Give the listing again in full and exactly, apart from its pictures.

===============

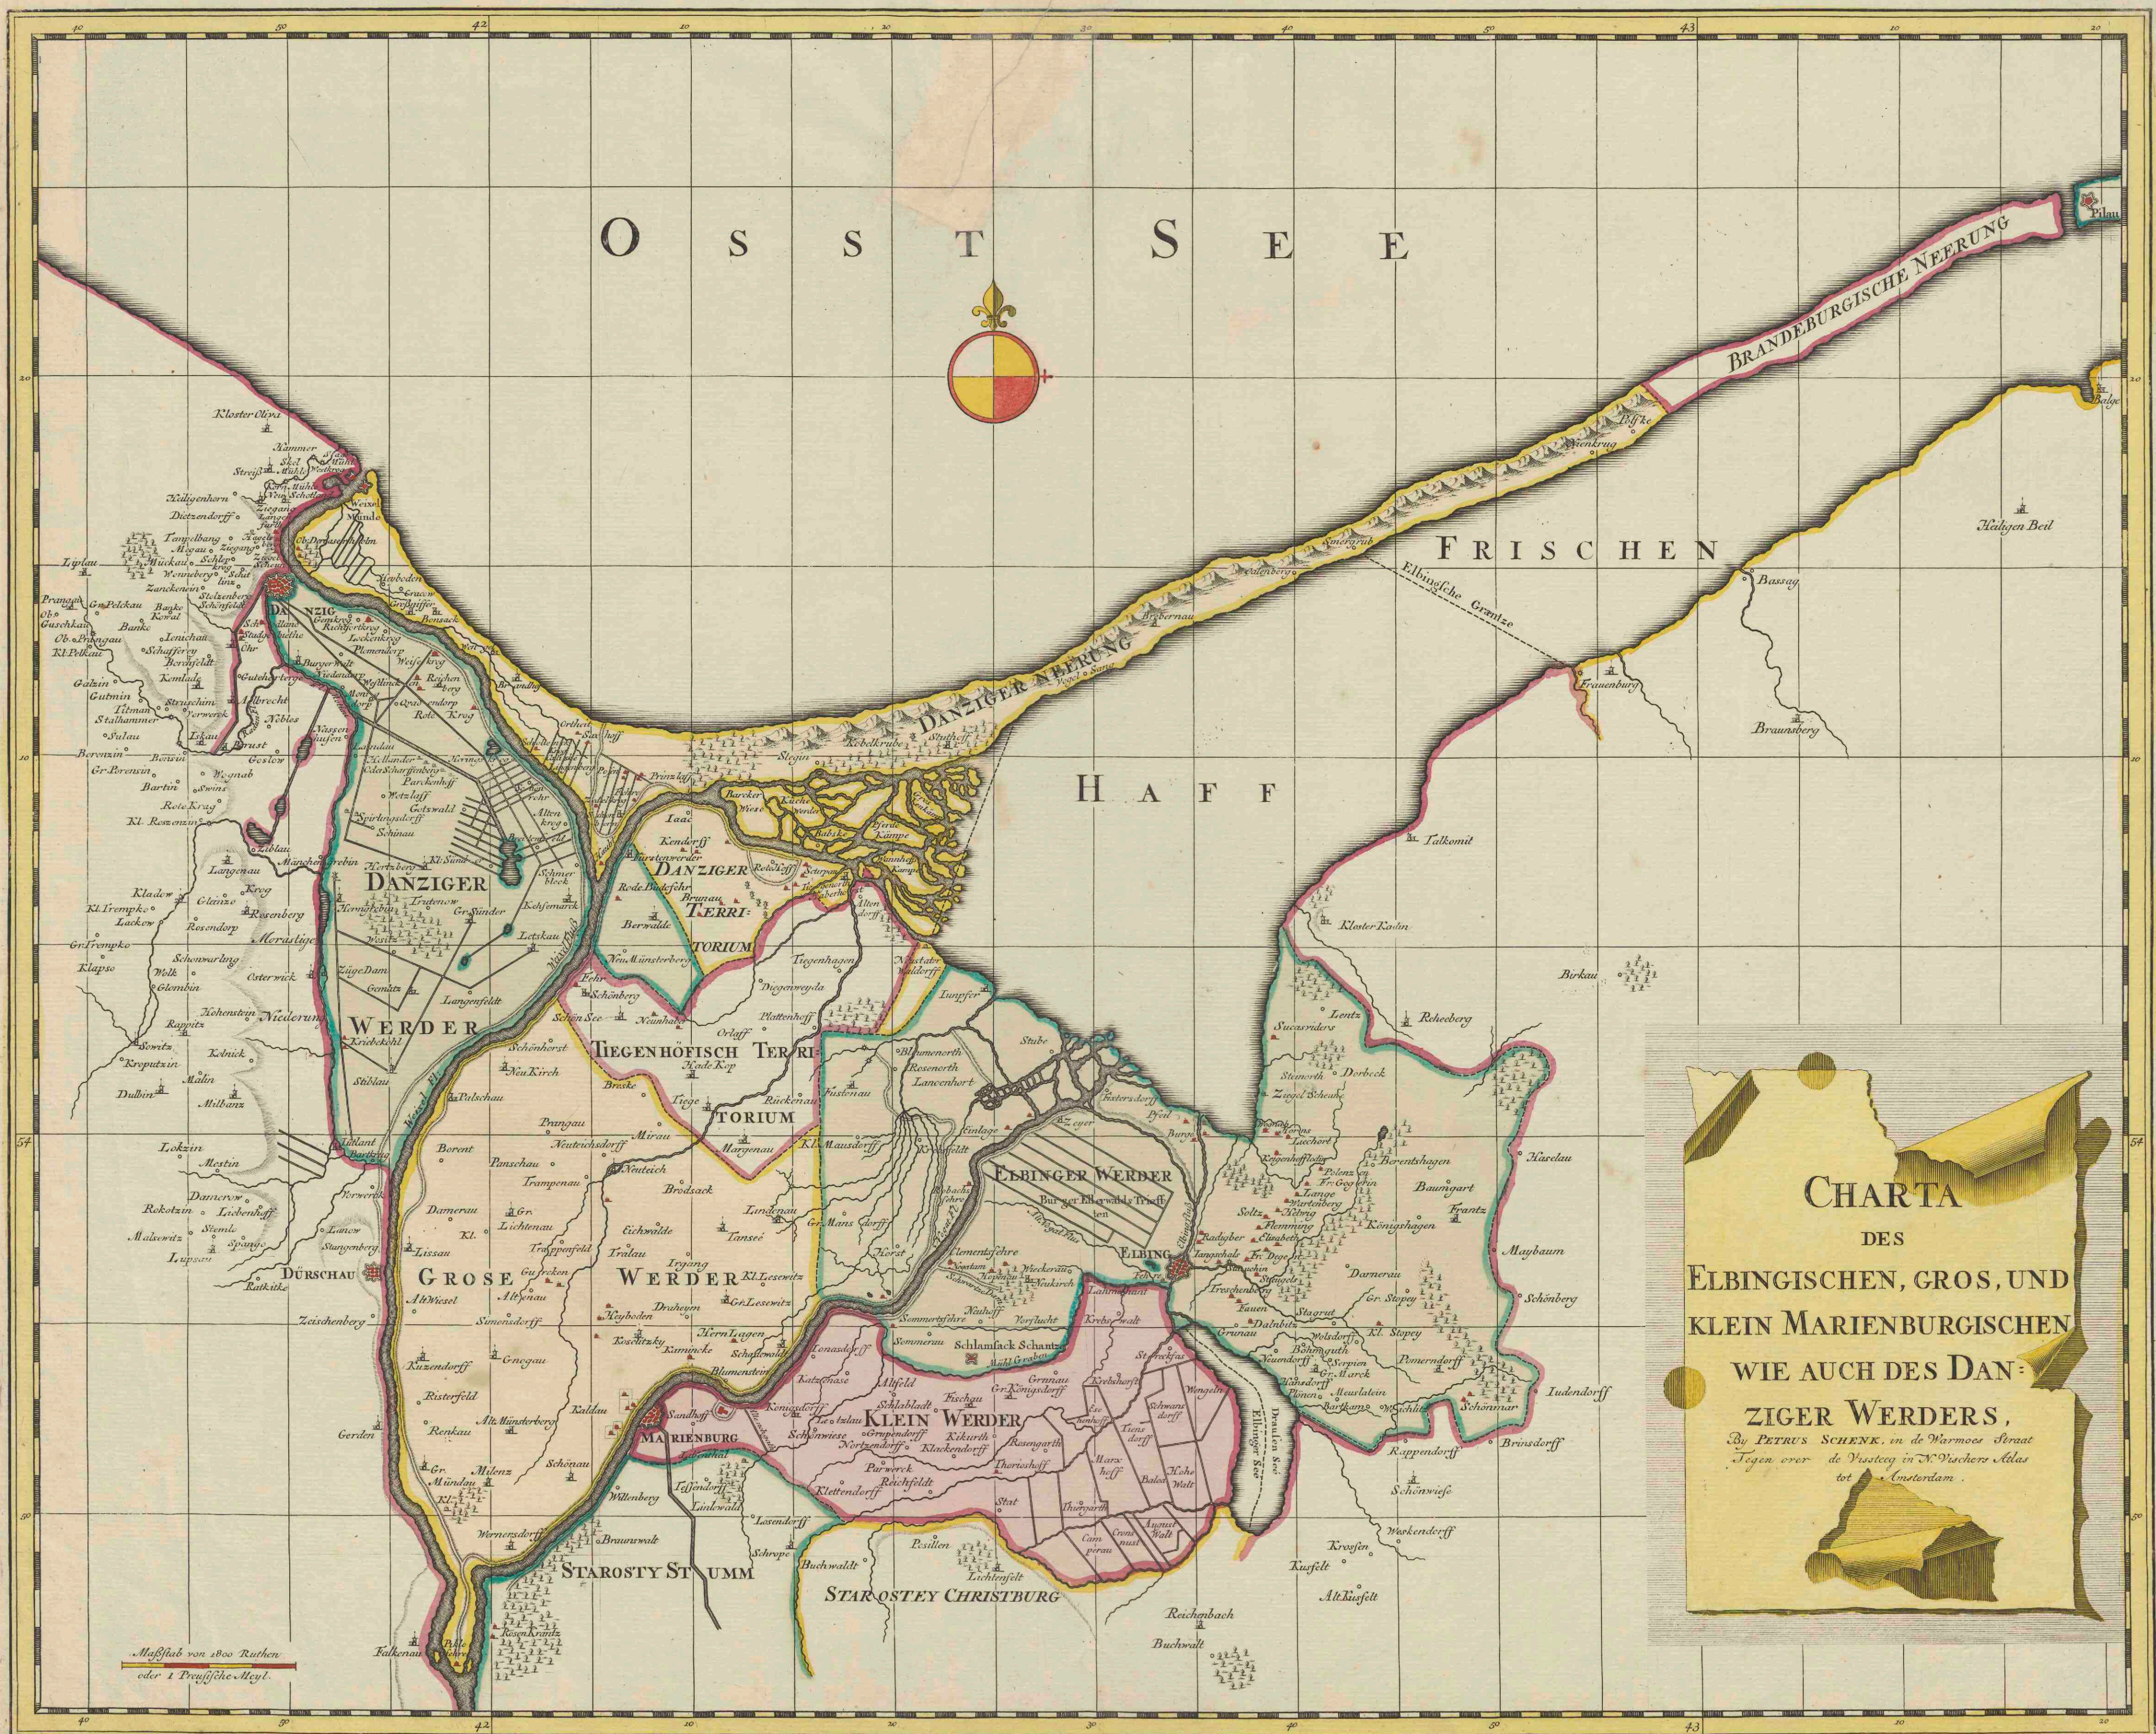

Charta des Elbingischen, Gros, und Klein Marienburgischen wie auch des Danziger Werders.

<https://hdl.handle.net/1874/356905>

CHARTA
 DES
**ELBINGISCHEN, GROS, UND
 KLEIN MARIENBURGISCHEN**
 WIE AUCH DES DAN-
ZIGER WERDERS,
 By **PETRUS SCHENK**, in de Warmoes Straat
 Tegen over de Vissteeg in N. Visschers Atlas
 tot Amsterdam.

Mastab von 1800 Ruthen
 oder 1 Preussische Meyl.

VIII E h q

===============

● **WRITTEN ANSWER**
Charta des Elbingischen, Gros, und Klein Marienburgischen wie auch des Danziger Werders.

<https://hdl.handle.net/1874/356905>

CHARTA
 DES
**ELBINGISCHEN, GROS, UND
 KLEIN MARIENBURGISCHEN**
 WIE AUCH DES DAN-
ZIGER WERDERS,
 By **PETRUS SCHENK**, in de Warmoes Straat
 Tegen over de Vissteeg in N. Visschers Atlas
 tot Amsterdam.

Mastab von 1800 Ruthen
 oder 1 Preussische Meyl.

VIII E h q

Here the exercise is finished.